The program is called "Drive CarePhilly," and the goal, according to Charles Denny, the city's chief traffic engineer, is simple:
 
"The goal is to change the mindset. The goal is to get the drivers to be less aggressive.  We want them to go what the speed limit is, not to assume that its a recommended speed, to know that its a speed limit that's appropriate on residential streets."

Denny says this effort includes the deployment at about 100 intersections of high tech decals that create a 3-D image, to make drivers think there's something in the intersection:

"Plastic material that is laid down, and it gives the illusion of being a hump in the roadway. And therefore people react to it as though it were a hump, and slow down. The driver sees this in the roadway, and they think that its some protrusion up out of the roadway, and not a perfectly flat surface.

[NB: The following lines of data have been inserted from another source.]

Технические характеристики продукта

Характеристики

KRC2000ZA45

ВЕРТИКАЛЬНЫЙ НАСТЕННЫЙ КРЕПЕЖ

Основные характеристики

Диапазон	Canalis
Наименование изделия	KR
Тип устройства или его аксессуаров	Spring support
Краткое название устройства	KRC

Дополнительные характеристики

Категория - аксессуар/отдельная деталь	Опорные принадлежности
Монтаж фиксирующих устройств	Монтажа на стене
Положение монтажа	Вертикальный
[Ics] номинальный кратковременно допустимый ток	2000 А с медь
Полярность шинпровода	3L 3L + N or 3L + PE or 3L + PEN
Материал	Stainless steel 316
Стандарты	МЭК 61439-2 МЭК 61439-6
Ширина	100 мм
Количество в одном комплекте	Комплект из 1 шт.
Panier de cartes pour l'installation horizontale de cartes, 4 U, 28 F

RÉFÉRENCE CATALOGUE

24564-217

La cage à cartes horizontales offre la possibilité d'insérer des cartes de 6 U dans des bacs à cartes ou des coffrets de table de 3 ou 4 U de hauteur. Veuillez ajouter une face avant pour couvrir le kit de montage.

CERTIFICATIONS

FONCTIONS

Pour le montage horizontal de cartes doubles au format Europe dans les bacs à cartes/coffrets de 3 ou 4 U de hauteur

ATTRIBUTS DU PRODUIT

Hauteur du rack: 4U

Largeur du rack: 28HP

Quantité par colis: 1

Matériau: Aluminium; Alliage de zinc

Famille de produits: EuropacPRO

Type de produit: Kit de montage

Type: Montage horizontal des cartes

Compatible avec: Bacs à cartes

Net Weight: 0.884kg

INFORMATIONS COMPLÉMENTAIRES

So they slow down before they drive over it."

Also, the city is launching a public awareness campaign to convince you to stop putting pedal to the metal.

Bluegrass Road, for example, connects Welsh Road and Grant Avenue in Northeast Philadelphia.  The speed limit is 25, and for about a week, signs, speed humps, and "virtual speed bumps" have been deployed to slow down the speeders who use the road as a shortcut. 

Richard Simon, with the National Highway Traffic Safety Administration, says they'll be studying Bluegrass Road:

"Crash data, citation data, public awareness data.  And we're going to put that all into a comprehensive research report which would prove, hopefully without any equivocation, the success of countermeasures tlike this."

Al Hoffman, who lives on Bluegrass Road, doesn't need comprehensive research:

"We couldn't get in and out of the complex."

And now? 

"Now, it's a pleasure."

Police are also getting more speed enforcement tracking devices for squad cars, and officers in six districts will be assigned specifically to go after speeders.